Taxpayer represents that the co-owners may, but are not required to, enter into a management agreement with either Manager or JV. The Co-Ownership Agreement provides that the term of any management agreement entered into by the co-owners will be for one year, and will be automatically renewed for one-year periods unless either the manager or any co-owner otherwise gives written notice to the other parties not less than twenty days prior to the then-current expiration date of the twelve-month term. Any such management agreement will authorize the manager to maintain a common bank account for the collection and deposit of rents and to offset expenses associated with the Property against any revenues before disbursing each co-owner's share of net revenues. Any such management agreement will provide that the manager disburse the co-owner's share of net revenues from the Property within three months from the date of receipt of those revenues. But such disbursements are subject to holding back reserves for anticipated expenses of the Property. Each co-owner's share of such reserves will be proportionate to that co-owner's interest in the Property. Any such management agreement will also authorize the manager to prepare statements for the co-owners showing their shares of revenue and costs from the Property.

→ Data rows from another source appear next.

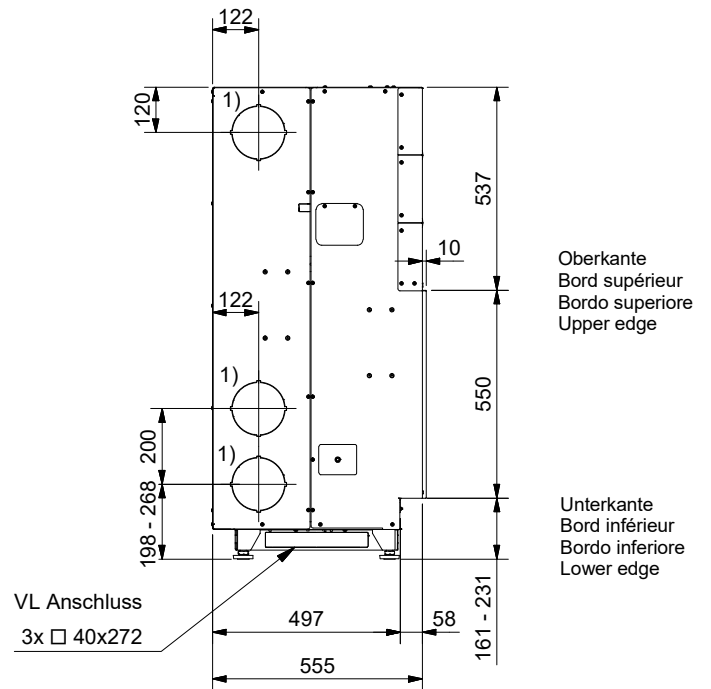

Frontansicht / Vue de face
Vista frontale / Front view

Seitenansicht / Vue de coté
Vista laterale / Side view

Aufsicht / Vue de haut
Vista dall'alto / View above

Grundriss Feuerstelle / Coupe sur foyer
Sezione al piano fuoco / Layout fireplace

- 1) Ø 150 mm Konvektionsluft / Air convection / Aria di convezione / Convection air
2) Ø 150 mm Verbrennungsluft / Air de combustion / Aria di combustione / Combustion air

Allgemeintoleranz / Tolerance générale / Tolleranza generale / Tolerance general ± 2 mm

Typ **Violino 55x98 Gen.1**

Art. Nr. 11.40.2015-02211

Status Freigegeben

Massblatt
Fiche de mesure
Scheda tecnica
Dimensional drawing

Massstab
Echelle
Scala
Scale

1:20

ruegg
SWITZERLAND

Rüegg Cheminée AG
Schwäntemos 4
CH-8126 Zumikon

In addition, any such management agreement will authorize the manager to obtain or modify insurance on the Property, and to negotiate modifications of the terms of any lease or any indebtedness encumbering the Property, subject to the approval of the co-owners. The determination of any fees paid by the co-ownership to the manager will not depend in whole or in part on the income or profits derived by any person from the Property and will not exceed the fair market value of the manager's services. Any fee paid by the co-ownership to a broker will be comparable to fees paid by unrelated parties to brokers for similar services. Any such management agreement will provide for a management fee of c% times the gross revenue from the Property received by the co-owners for the year. Any such management agreement will provide for a d% improvement construction management fee times the costs of tenant improvements. Such fee will relate to construction of improvements to common areas of the Property.

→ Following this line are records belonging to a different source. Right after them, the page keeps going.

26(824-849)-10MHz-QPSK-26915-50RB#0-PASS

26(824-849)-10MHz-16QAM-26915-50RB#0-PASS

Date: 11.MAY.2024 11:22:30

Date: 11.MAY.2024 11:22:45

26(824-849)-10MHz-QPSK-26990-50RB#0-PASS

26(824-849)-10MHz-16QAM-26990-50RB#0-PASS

Taxpayer represents that the activities of the related manager in managing the property will not result in non-customary services with respect to the Property. Taxpayer also represents that activities of the co-owners' agents and any person related to the co-owners with respect to the property will be taken into account and attributed to the other co-owners, except to the extent that a particular co-owner holds his interest for less than six months. Taxpayer represents that the New Co-Owner will acquire its interest in the Property through the use of its own capital or through funds from an unrelated lender. Taxpayer also represents that, when the Put or Call is exercised, the New Co-Owner will be required to pay the full purchase price of the interest in cash. Taxpayer represents that there will be no payments to a sponsor in connection with the proposed transaction.

 

LAW AND ANALYSIS

 

 

Section 301.7701-1(a)(1) provides that whether an organization is an entity separate from its owners for federal tax purposes is a matter of federal tax law and does not depend on whether the organization is recognized as an entity under local law. Section 301.7701-1(a)(2) provides that a joint venture or other contractual arrangement may create a separate entity for federal tax purposes if the participants carry on a trade, business, financial operation, or venture and divide the profits therefrom, but the mere co-ownership of property that is maintained, kept in repair, and rented or leased does not constitute a separate entity for federal tax purposes.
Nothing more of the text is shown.